Energy-Efficient Machine Learning and Applications
Evgeni Gousev
Senior Director
Qualcomm AI Research, Qualcomm Technologies, Inc.
Chairman, Board of Directors
tinyML Foundation
Recent progress in computing hardware, machine learning algorithms, and networks, as well as the availability of large datasets for model training, have created a strong momentum in development and deployment of game-changing AI applications. Intelligent devices with human-like senses have enabled a variety of new use cases and applications, transforming the way we interact with each other and our surroundings. Dedicated hardware becomes tiny and very energy efficient (with mW or less power consumption), algorithms and models smaller (down to 10s of kB of memory requirements), and software lighter. This enormous technology wave and fast-growing ecosystem create a strong momentum toward new applications and business opportunities. On the other side of the physical world spectrum, sensors are becoming more sophisticated, able to sense a variety of modalities (vision, sound, environmental, motion/vibrations, etc.) and are being deployed in billions. This presentation will review the state-of-the-art in energy-efficient machine learning (including hardware, algorithmic, and software framework aspects), describe some examples of technologies and products, and illustrate use cases (including some display power-saving use cases). We will highlight Always-on Computer Vision, technology and product pioneered by Qualcomm, which combines innovations in the system architecture, ultra-low power designs, and dedicated hardware for CV algorithms running at the “edge.” With low end-to-end power consumption (less than 1 mW), tiny form factor, and low cost, always-on computer vision modules can be integrated into a wide range of battery- and line-powered devices (IoT, mobile/laptop, VR/AR, automotive, etc.), performing object detection, feature recognition, change/motion detection, and other applications.
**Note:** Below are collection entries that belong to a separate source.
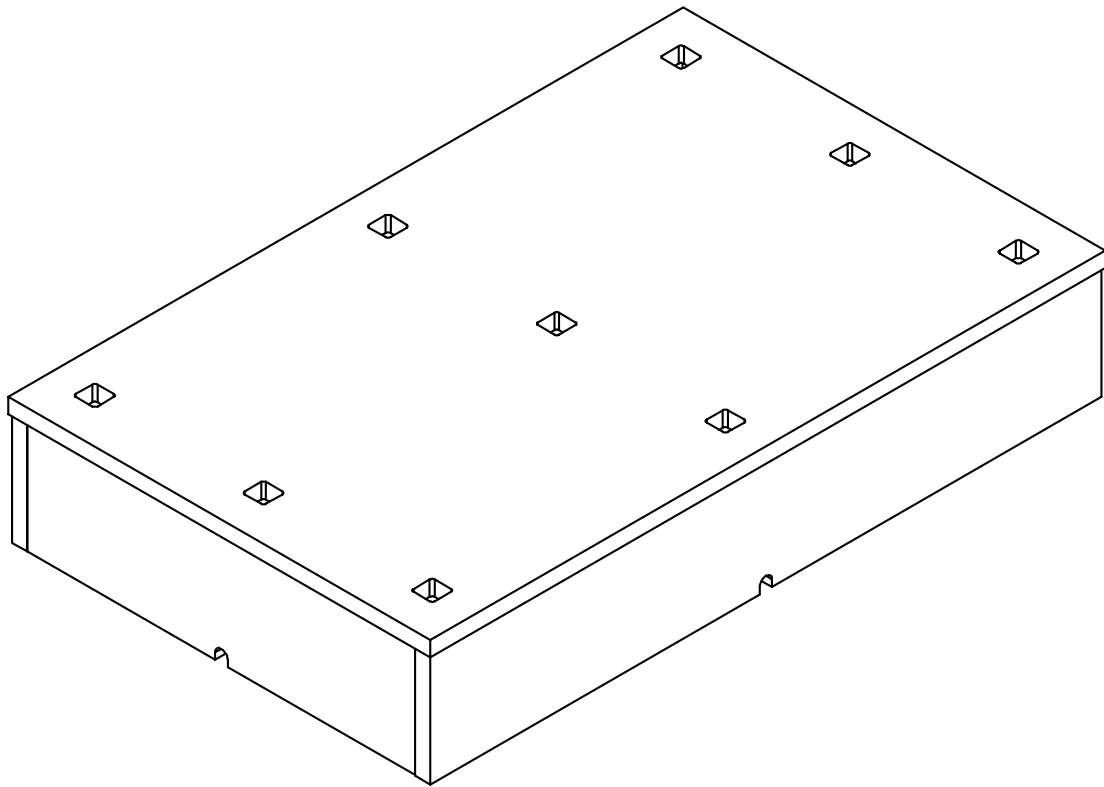

Play & Sell system[®]

Návod k sestavení

Pódium multifunkční dřevěné 800x500x150 mm

MORIS
DESIGN

Pódium multifunkční dřevěné 800x500x150 mm

Prvek pódium vysoký 150 mm je určen do zóny POS (Point of Sell) i do jiných částí prodejny.

Disponuje druhým dnem s výřezy pro udržení stojen bran pro podporu prodeje. Pódium je zhotoveno z dřevotřísky.

Návod na údržbu

Multistojan je vyroben z laminované dřevotřísky. Prach a jiné nečistoty lze snadno setřít měkkým hadříkem nebo houbou, lehce navlhčenou vlažnou vodou s mýdlovým roztokem či jiným neabrazivním mycím prostředkem.

Stojan je pevné a stabilní konstrukce. Aby dobře plnil svou funkci, nesmí být překročena jeho nosnost, která je 10 kg na jednu polici nebo 4 kg na jeden hák, a nesmí být vystaven tlaku z boku či jinému nestandardnímu zatížení.

Stojan je určen do prostor s pokojovou teplotou a neslouží k vystavení živých květin se zálivkou nebo podobného zboží, kde může docházet k únikům tekutin, vlhkosti, případně chemikálií.

Rozměry

Šířka	800 mm
Výška	500 mm
Hloubka	150 mm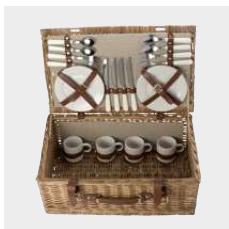

5794 Cestino da picnic per 2 persone Effie

Cestino da picnic in vimini per 2 persone con posate in acciaio inox, due piatti di ceramica, due tazze da 0,21 ml in ceramica, manici in ABS
Dimensioni: 40 x 30 x 19 cm

> 1	> 12	> 24	> 48	> 96
179,17	168,41	157,69	150,51	145,13

Impression ECO FRIENDLY

11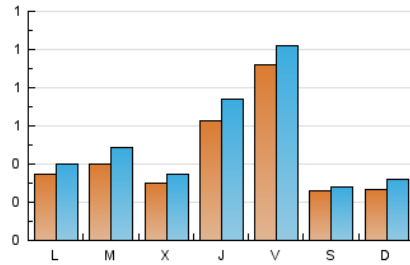

4. Gràfiques (Nacional)

4.1 Per dia de la setmana (promig)

N. únics / Visites (x 100)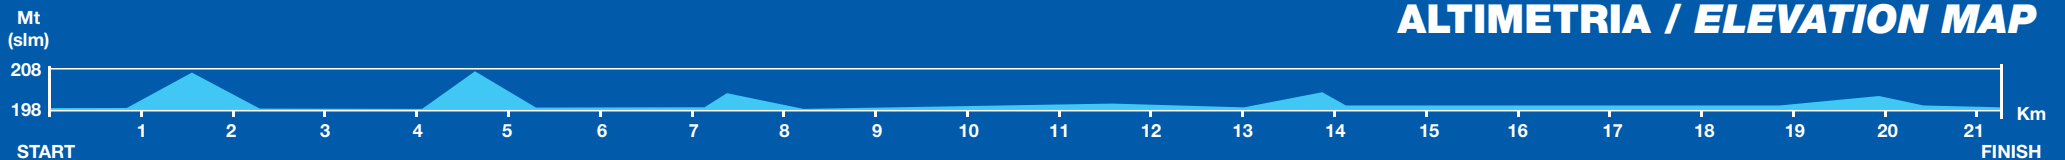

# LAGO MAGGIORE HALF MARATHON

*Stresa > Verbania*

POWERED BY:

- RILEVAZIONE TEMPI  
TIMING POINT
- PUNTO RISTORO  
REFRESHMENT POINT
- SPUGNAGGIO  
SPONGE POINT
- PRONTO SOCCORSO  
FIRST AID
- SERVIZI IGIENICI  
TOILET
- DEPOSITO BORSE  
DEPOSIT BAG
- SPOGLIATOIO  
CHANGING ROOM
- DOCCIA  
SHOWER
- BUS NAVETTA  
SHUTTLE BUS
- STAZIONE FERROVIARIA  
TRAIN STATION
- BATTELLINO NAVETTA  
SHUTTLE FERRY BOAT
- 15 KM
- 21K
- 10K
- SERVIZIO BATTELLINO  
FERRY BOAT

STRESA - PARTENZA / START 21K

FONDOTOCE - PARTENZA / START 10K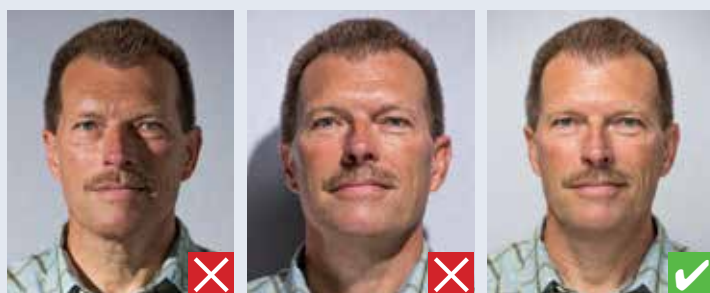

## MOTIV

Flere personer Flere motiver

Ikke centreret Flerfarvet baggrund

Der må kun være én person på billedet, som skal være taget lige forfra. Baggrunden skal være uden motiver og i ensartet lys farve, f.eks. lys blå eller lys grå. Billedet skal være i farve eller sort/hvid.

Øje dækket af hår Lukkede øjne

Kigger væk Hoved skævt  
Ikke lige forfra Åben mund

Blikket skal være rettet mod kameraet, øjnene helt synlige og munden lukket.

For tæt på For langt væk

Billedet skal vise ansigtet og det øverste af skuldrene.

## BILLEDKVALITET

For lyst, skarp blitz For mørkt

Skygge på ansigt Skygge på baggrund

Belysningen skal være jævn og må ikke lave skygger i ansigt eller på baggrund.

Billeder af personer med hvidt/lyst hår og personer med lyst tørklæde skal have en baggrund i skarp kontrast.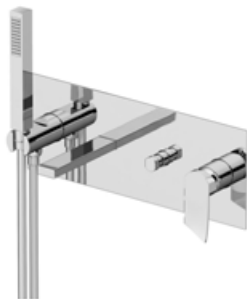

SC0530000 STD	€
----------------------	---

45x30x36

PARTE ESTERNA - EXTERNAL PART

Miscelatore incasso 1 via

Built-in 1 way mixer

Mitigeur à encastrer 1 voie

Unterputz Wannefüll

Mezclador monomando de empotrar 1 vía

0.4

art. 8131/ESCO

8131/ESCO STD	€
8131/ESCO INT	€
8131/ESCO SPC	€
8131/ESCO PVD	€

45x30x36

Miscelatore incasso vasca 2 vie con scatola ispezionabile

Built-in 2 ways mixer with inspectable box
 Mitigeur 2 voies à encastrer avec boîte contrôlable
 Unterputz Einhand-Wannenfüllmischer, Wandmontage mit Steuerkasten
 Mezclador monomando de empotrar para 2 vías con caja de control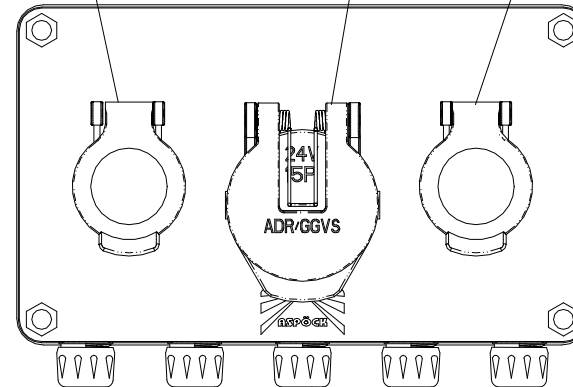

DETAILZEICHNUNG

mit Steckdosen
ca. 115,00

3-fach Steckdosenverteiler
vorverkabelt für System ASS3

DIN/ISO 3731
7 pol. WEISS

DIN/ISO 72570
15 pol.

DIN/ISO 1185
7 pol. SCHWARZ

Pin 13/9
S1/S4

Pin 13/12
S1/S6

1000 mm
6x1+2x2,5 (7806-10)

ASS3 Buchse

Steckplan

"a"	070514	TG	war LP30-00
INDEX	Datum	Name	Änderung
gez.	061221	TG	Bestell-Nr.
gepr.			76-7053-00
Prüfart.	62 491		

24 VOLT
ADR / PVC für Zone 2

Standard Kundenspez.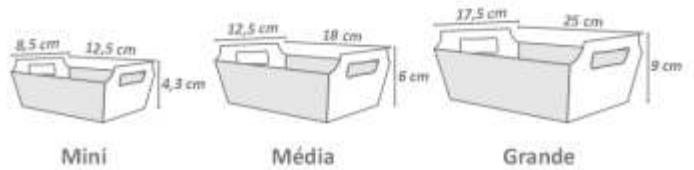

Pacote com 3 unidades
 Confeccionado em papel cartão
 Medida aproximada: 9x12x22 cm

Cód: 1795

Cód: 1796

Cód: 1797

Cód: 1798

ÇESTA

Fardo com 10 unidades.
 Confeccionado em papel cartão.

Cód: 1799
Mini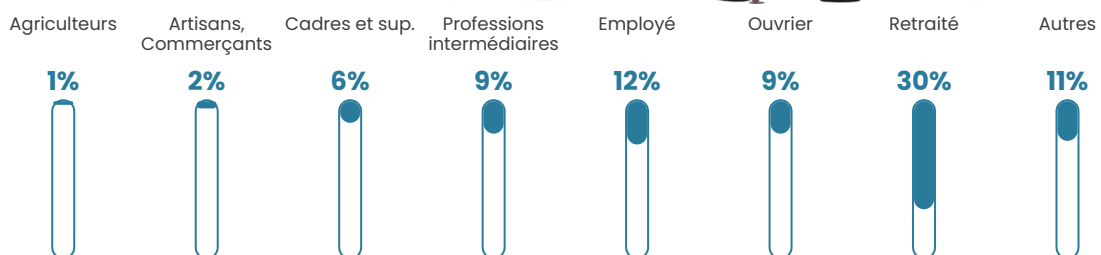

45 ans

Pop active

40.7%

Taux chômage

8.9%

Pop densité

293 h/km²

Revenu moyen

23 550 €/an

Evolution du nombre d'habitants

Sources : Institut national de la statistique et des études économiques (insee) selon Les dernières parutions officielles de 2024 portant sur les années 2020, 2021 et 2022.

Tranche d'âge

Activité professionnelle

Niveau de diplôme

Composition des ménages

Profils électoraux

Premier tour

	Emmanuel MACRON	32.43 %
	Marine LE PEN	27.22 %
	Jean-Luc MÉLENCHON	17.47 %
	Éric ZEMMOUR	6.68 %
	Valérie PÉCRESSÉ	4.78 %
	Yannick JADOT	3.56 %
	Nicolas DUPONT- AIGNAN	2.45 %
	Jean LASSALLE	2.21 %
	Fabien ROUSSEL	1.35 %
	Nathalie ARTHAUD	0.67 %
	Anne HIDALGO	0.67 %
	Philippe POUTOU	0.49 %

Evgeni Gousev is a senior director of Qualcomm AI Research. He leads Qualcomm’s R&D organization in the Bay area and is also responsible for developing ultra-low-power embedded computing platforms, including always-on machine vision. He serves as the chairman of the voard of directors of tinyML Foundation (www.tinyML.org), a non-profit organization of more than 14k professionals in 37 countries worldwide. The foundation is focused on supporting and nurturing the fast-growing branch of ultra-low-power machine learning technologies and approaches dealing with machine intelligence at the very edge. Evgeni joined Qualcomm in 2005 and led technology R&D in the MEMS Research and Innovation Center, commercializing mirasol display technology. He earned a PhD in solid-state physics and an MS in applied physics. After graduation, Gousev joined Rutgers University, first as a postdoctoral fellow and then as a research assistant professor. While at Rutgers, he performed fundamental research in the area of advanced gate dielectric for CMOS devices, which, a decade later, became industry-wide standards. In 1997, he was a visiting professor with the Center for Nanodevices and Systems, Hiroshima University, Japan. Shortly after, he joined IBM, where he led projects in the field of advanced silicon technologies at the Semiconductor Research and Development Center in East Fishkill and T.J. Watson Research Center in Yorktown Heights, NY. He has co-edited 26 books and published more than 166 papers (with over 11k citations and h-index of 49: Google Scholar). He is a holder of more than 100 issued and filed patents. Gousev is a member of several professional boards, committees, panels, and societies. In 2020, he was inducted into the “Hall of Fame” of SEMI MEMS and Sensors Industry Group.